Crisis Pregnancy Centers Assert Their Rights

Federal courts are emerging as a bulwark for free speech rights of religious Americans who are pro-life.

AP/Bebeto Matthews
New York's attorney general, Letitia James. AP/Bebeto Matthews

The Supreme Court may have overturned the Roe v. Wade precedent, but the left’s campaign to silence opponents of abortion shows no sign of abating. The good news is that the federal courts are emerging as a bulwark for the free speech rights of religious Americans who are pro-life. At the Supreme Court on Tuesday, the Justices seemed sympathetic to arguments against an intrusive probe by New Jersey into faith-based pregnancy clinics. 

We don’t want to get ahead of our constitutional skis, but the tenor of the questioning by the high court’s conservative wing — and even at least one liberal justice — suggests that the clinics could be vindicated. That would echo the victory scored on Monday in the Second Circuit in another case testing the free expression rights of pro-life advocates. A unanimous ruling by a panel of judges amounts to a rebuke of New York’s attorney general, Letitia James.

The Supreme Court dispute centers on a legal demand in 2023 by the Garden State’s Democratic attorney general, Matt Platkin, that a chain of faith-based, pro-life clinics turn over records, including donor information. Requests of that ilk have been, going back to the Civil Rights era, used as a tactic against advocacy groups. In 1958 the Supreme Court ruled against Alabama in a dispute with the National Association for the Advancement of Colored People.

The Cotton State, aiming to halt the group’s activism, had sought to force the Naacp to turn over its membership lists. The high court, in a unanimous decision by Justice John Harlan, rejected the state’s demand, holding that “compelled disclosure of affiliation with groups engaged in advocacy” is a de facto “restraint on freedom of association.” That decades-old precedent didn’t seem to deter New Jersey’s attorney general, though.

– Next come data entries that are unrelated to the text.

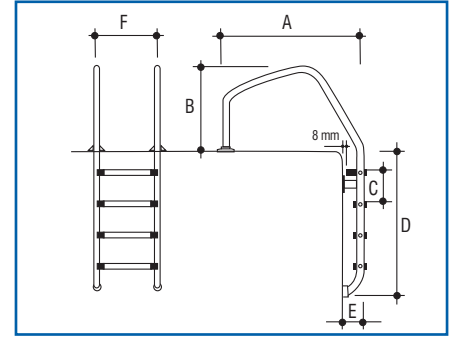

Paslanmaz Çelik Havuz Merdivenleri

Basamak Sayısı	A	B1	B2	C	D	E	F
2	700	650	920	250	650	180	500
3	700	650	920	250	900	180	500
4	700	650	920	250	1150	180	500
5	700	650	920	250	1400	180	500

Basamak Sayısı	A	B	C	D	E	F
2	1020	720	250	650	180	500
3	1020	720	250	900	180	500
4	1020	720	250	1150	180	500
5	1020	720	250	1400	180	500

“UMUMİ HAVUZLAR İÇİN - ASİMETRİK 304” MODEL PASLANMAZ ÇELİK BASAMAKLI. Genişlik 500 mm. Kollar Ø 42 mm AISI 304 paslanmaz çelik borudan, paslanmaz çelik basamakları, plastik ankrajları ve rozetleri ile komple. İlk basamak TS EN 13451-2/AC havuz standardına uygun olarak çift elemanlıdır.

Ürün	Kod	Fiyatı Euro	Stand. Paket	Ağırlık Kg	Hacim m ³
• 2 basamaklı	0311811EU	175,00	1		
• 3 basamaklı	0311812EU	177,00	1		
• 4 basamaklı	0311813EU	196,00	1		
• 5 basamaklı	0311814EU	239,00	1		

“UMUMİ HAVUZLAR İÇİN - OVERFLOW 304” MODEL PASLANMAZ ÇELİK BASAMAKLI. Genişlik 500 mm. Kollar Ø 42 mm AISI 304 paslanmaz çelik borudan, paslanmaz çelik basamakları, plastik ankrajları ve rozetleri ile komple. İlk basamak TS EN 13451-2/AC havuz standardına uygun olarak çift elemanlıdır.
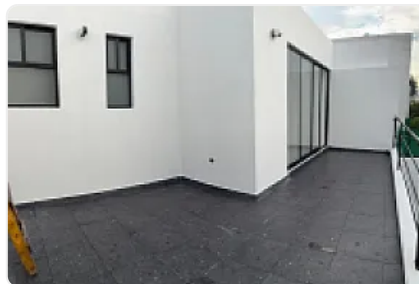

VENTA CASA PUEBLA SAN PEDRO CHOLULA CAMPESTRE LA CARCAÑA

**Venta: MXN $
3,800,000.00**

Calle 24 norte 3823-51 Santiago Momoxpan San , Santiago Momoxpan, San Pedro Cholula, Puebla • ID 2824

Descripción

FRACCIONAMIENTO CAMPESTRE LA CARCAÑA

TERRENO 144 M2

CONSTRUCCION 169 M2

COCHERA 3 AUTOS

1/2 BAÑO

JARDIN

CUARTO DE LAVADO

BODEGA

SALA

COMEDOR

COCINA INTEGRAL P.A.

SALA DE TV

RECÁMARA PRINCIPAL CON VESTIDOR Y BAÑO Y

TERRAZA

2 RECÁMARAS

BAÑO COMPLETO

On the contrary, Mr. Platkin in earlier court pleadings argued with a straight face that New Jersey’s legal demand to the pro-life clinics was merely a “request” for information. New Jersey’s lawyer, Sundeep Iyer, disputed today that “anyone actually has been or is objectively likely to be chilled by this subpoena.” Justice Clarence Thomas took exception to that blithe mischaracterization, explaining that “I’ve never heard the term ‘subpoena request.’”

Even a liberal justice, Elena Kagan, noted that “an ordinary person, one of the funders for this organization,” when “presented with this subpoena and then told, but ‘Don’t worry, it has to be stamped by a court,’ is not going to take that as very reassuring.” Justice Brett Kavanaugh, noting that the American Civil Liberties Union is siding with the clinics in this case, called it “just obvious” that there is an “objective chill from a subpoena on speech.”

The probe into the New Jersey clinics is of a piece with efforts in liberal states “to investigate and regulate crisis pregnancy centers,” Politico reports, “as part of Democrats’ national efforts to shore up access to” abortion in the aftermath of Dobbs v. Jackson Women’s Health Organization. That agenda animates Ms. James’ attempt to deploy anti-fraud and consumer protection laws against several faith-based pro-life pregnancy clinics in the Empire State.

The clinics, per the Second Circuit, promote “abortion pill reversal,” which can “counteract the effects of an abortion induced via oral medication.” Alliance Defending Freedom challenged what it calls Ms. James’s “speech-intimidation effort.” The circuit riders found that the clinics “will likely establish that they have suffered a constitutional injury.” It could well serve as a reminder for pro-choice activists to respect free speech and religious rights.